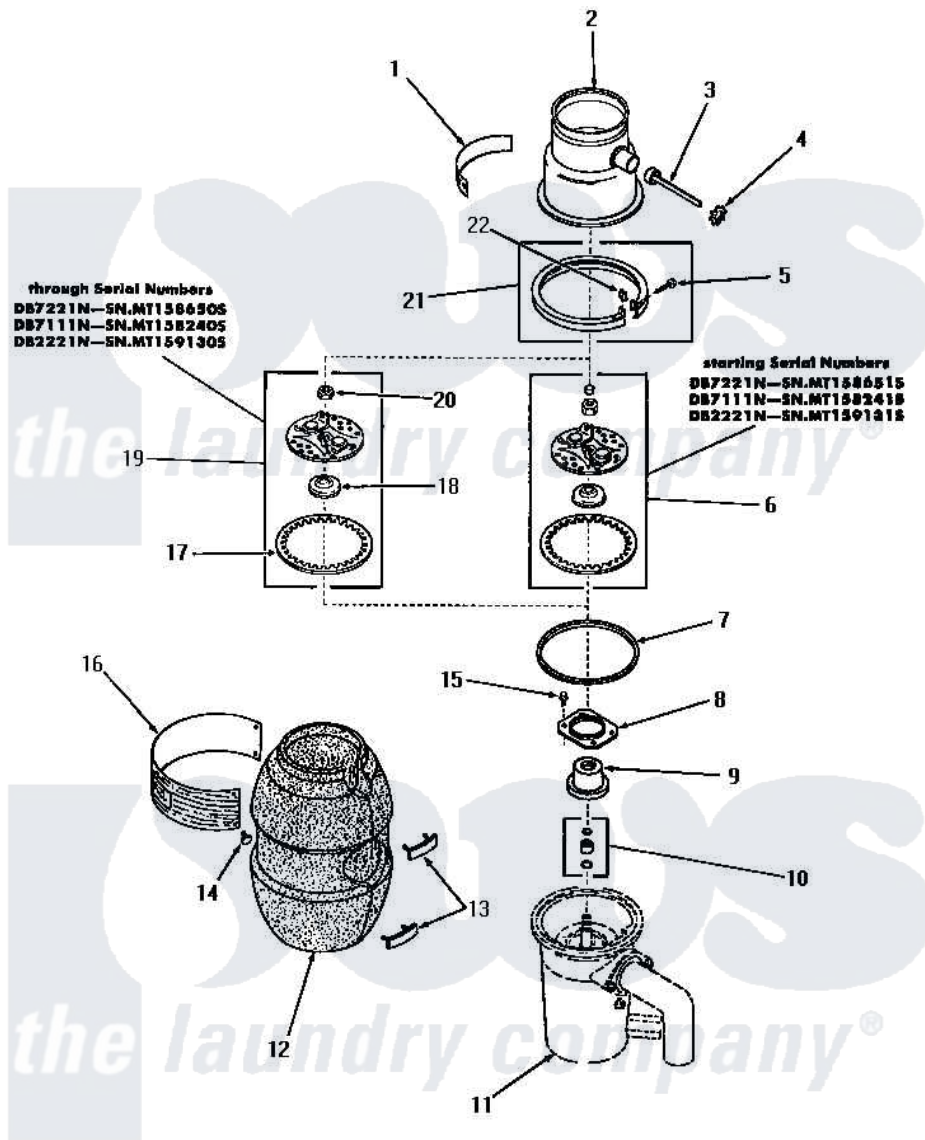

# Amana DB7221N 01 - HOPPER, SHREDDER & SOUND SHELL

## HOPPER, SHREDDER AND SOUND SHELL

Amana [Residential Amana DB7221N Washer Parts](#) Parts Diagram 01 - HOPPER, SHREDDER & SOUND SHELL  
 Click on the part number to view part

Item	Original Part Number	Replaced By	Status	Part Description
1	80908	<a href="#">80-908</a>		On/On Toggle Switch
2	Y80881		Not Available	HOPPER
3	Y80830		Not Available	DRAIN PLUG
4	Y80831		Not Available	RETAINER RING
5	Y80828		Not Available	HEX HEAD SCREW
6	80837		Not Available	ASSY, FLYWHEEL
7	Y80882		Not Available	GASKET xREPLACE
8	80893		Not Available	BEARING RETAINER
9	Y80894		Not Available	BEARING AND SEAL
10	Y80884		Not Available	BUSHING AND O-RINGS
11	Y00000000		Not Available	SEE NOTE MOTOR ASSEMBLY
12	Y80887		Not Available	RIVET .063 .125 POP
13	Y80835		Not Available	LATCH
14	80906		Not Available	RIVET
15	Y80892		Not Available	HEX HEAD SCREW
16	Y80914		Not Available	LABEL

17	Y80891	Not Available	SHREDDER
18	Y80890	Not Available	SEAL GUARD
19	<a href="#">80889</a>		Assembly, Flywheel And Impeller
20	Y80888	Not Available	NUT
21	Y80883	Not Available	RING,CLAMP xREPLACE
22	Y80829	Not Available	SPEED NUT
........
Search the entries for the string "RETAINER" and copy each line where it occurs.

■ Response to this task:
4	Y80831		Not Available	RETAINER RING
8	80893		Not Available	BEARING RETAINER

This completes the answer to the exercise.